Without any of the pictures, set down the data below exactly.

#### RECORDED INFORMATION
______________________________
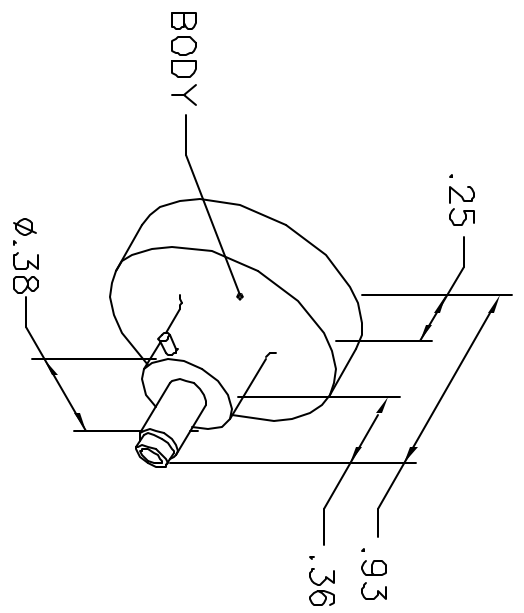

REVISIONS				
REV. SYM.	E.C.D. NUMBER	DESCRIPTION	BY DATE	APP'D DATE
1		ORIGINAL RELEASE	JMU 9/14/04	RRR 9/14/04

**UNCONTROLLED DOCUMENT
WILL NOT BE UPDATED**

NOTE: FOR USE WITH DANIELS CRIMP TOOL, AFM8.

LOCATOR	ADDITIONAL FEATURES
HOLE DIMENSIONS	
Ø.047 ±.358	

RESTRICTED & CONFIDENTIAL

CONFIDENTIAL PROPERTY OF DANIELS MANUFACTURING CORP. NOT TO BE DISCLOSED TO OTHERS, REPRODUCED OR USED FOR ANY OTHER PURPOSE, EXCEPT AS AUTHORIZED IN WRITING BY DANIELS MANUFACTURING. MUST BE RETURNED TO DANIELS MANUFACTURING CORP. ON COMPLETION OF ORDER OR OTHER PURPOSE FOR WHICH LENT.

DO NOT SCALE DRAWING

DRN. J. JOYCE	DATE 9/14/04	 DANIELS MANUFACTURING CORP. ORLANDO, FLORIDA CAGE 11851	TITLE POSITIONER ENVELOPE DRAWING		
CHKD. RRR	DATE 9/14/04		WHERE USED:	SIZE	SCALE
APP'D.	DATE		POSTING	A	NTS
NOTE: THIS DRAWING IS AN OUTLINE DRAWING OF THE RESPECTIVE DMC PART NUMBER INDICATED. ACTUAL DMC PART NUMBER IS DRAWING NUMBER WITHOUT THE "-ENV" SUFFIX.		GAD P/N	K1586-ENV	SHEET	1 OF 1
		DWG. NO.	K1586-ENV	REV.	1
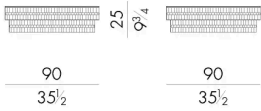

Different shapes and proportions characterize the coffee table collection Enigma. White and black wood veneer alternates in an irregular way. The Matrix finish of coffee table Enigma is available in matt or shiny version. The black glass top completes the entire structure.

Dimensions

ENIGMA.1090

Coffee table

DIAM. 90x25 H cm

ENIGMA.1120

Coffee table

DIAM. 120x25 H cm

ENIGMA.2177

Coffee table

180 W x 90 D x 25 H cm

ENIGMA.2177/S

Coffee table

150 W x 65 D x 25 H cm

ENIGMA . 4 0 4 0 / A

Coffee table

40 W x 40 D x 53 H cm
______________________________
#### RESULT BELOW
REVISIONS				
REV. SYM.	E.C.D. NUMBER	DESCRIPTION	BY DATE	APP'D DATE
1		ORIGINAL RELEASE	JMU 9/14/04	RRR 9/14/04

**UNCONTROLLED DOCUMENT
WILL NOT BE UPDATED**

NOTE: FOR USE WITH DANIELS CRIMP TOOL, AFM8.

LOCATOR	ADDITIONAL FEATURES
HOLE DIMENSIONS	
Ø.047 ±.358	

RESTRICTED & CONFIDENTIAL

CONFIDENTIAL PROPERTY OF DANIELS MANUFACTURING CORP. NOT TO BE DISCLOSED TO OTHERS, REPRODUCED OR USED FOR ANY OTHER PURPOSE, EXCEPT AS AUTHORIZED IN WRITING BY DANIELS MANUFACTURING. MUST BE RETURNED TO DANIELS MANUFACTURING CORP. ON COMPLETION OF ORDER OR OTHER PURPOSE FOR WHICH LENT.

DO NOT SCALE DRAWING

DRN. J. JOYCE	DATE 9/14/04	 DANIELS MANUFACTURING CORP. ORLANDO, FLORIDA CAGE 11851	TITLE POSITIONER ENVELOPE DRAWING		
CHKD. RRR	DATE 9/14/04		WHERE USED:	SIZE	SCALE
APP'D.	DATE		POSTING	A	NTS
NOTE: THIS DRAWING IS AN OUTLINE DRAWING OF THE RESPECTIVE DMC PART NUMBER INDICATED. ACTUAL DMC PART NUMBER IS DRAWING NUMBER WITHOUT THE "-ENV" SUFFIX.		GAD P/N	K1586-ENV	SHEET	1 OF 1
		DWG. NO.	K1586-ENV	REV.	1

Different shapes and proportions characterize the coffee table collection Enigma. White and black wood veneer alternates in an irregular way. The Matrix finish of coffee table Enigma is available in matt or shiny version. The black glass top completes the entire structure.

Dimensions

ENIGMA.1090

Coffee table

DIAM. 90x25 H cm

ENIGMA.1120

Coffee table

DIAM. 120x25 H cm

ENIGMA.2177

Coffee table

180 W x 90 D x 25 H cm

ENIGMA.2177/S

Coffee table

150 W x 65 D x 25 H cm

ENIGMA . 4 0 4 0 / A

Coffee table

40 W x 40 D x 53 H cm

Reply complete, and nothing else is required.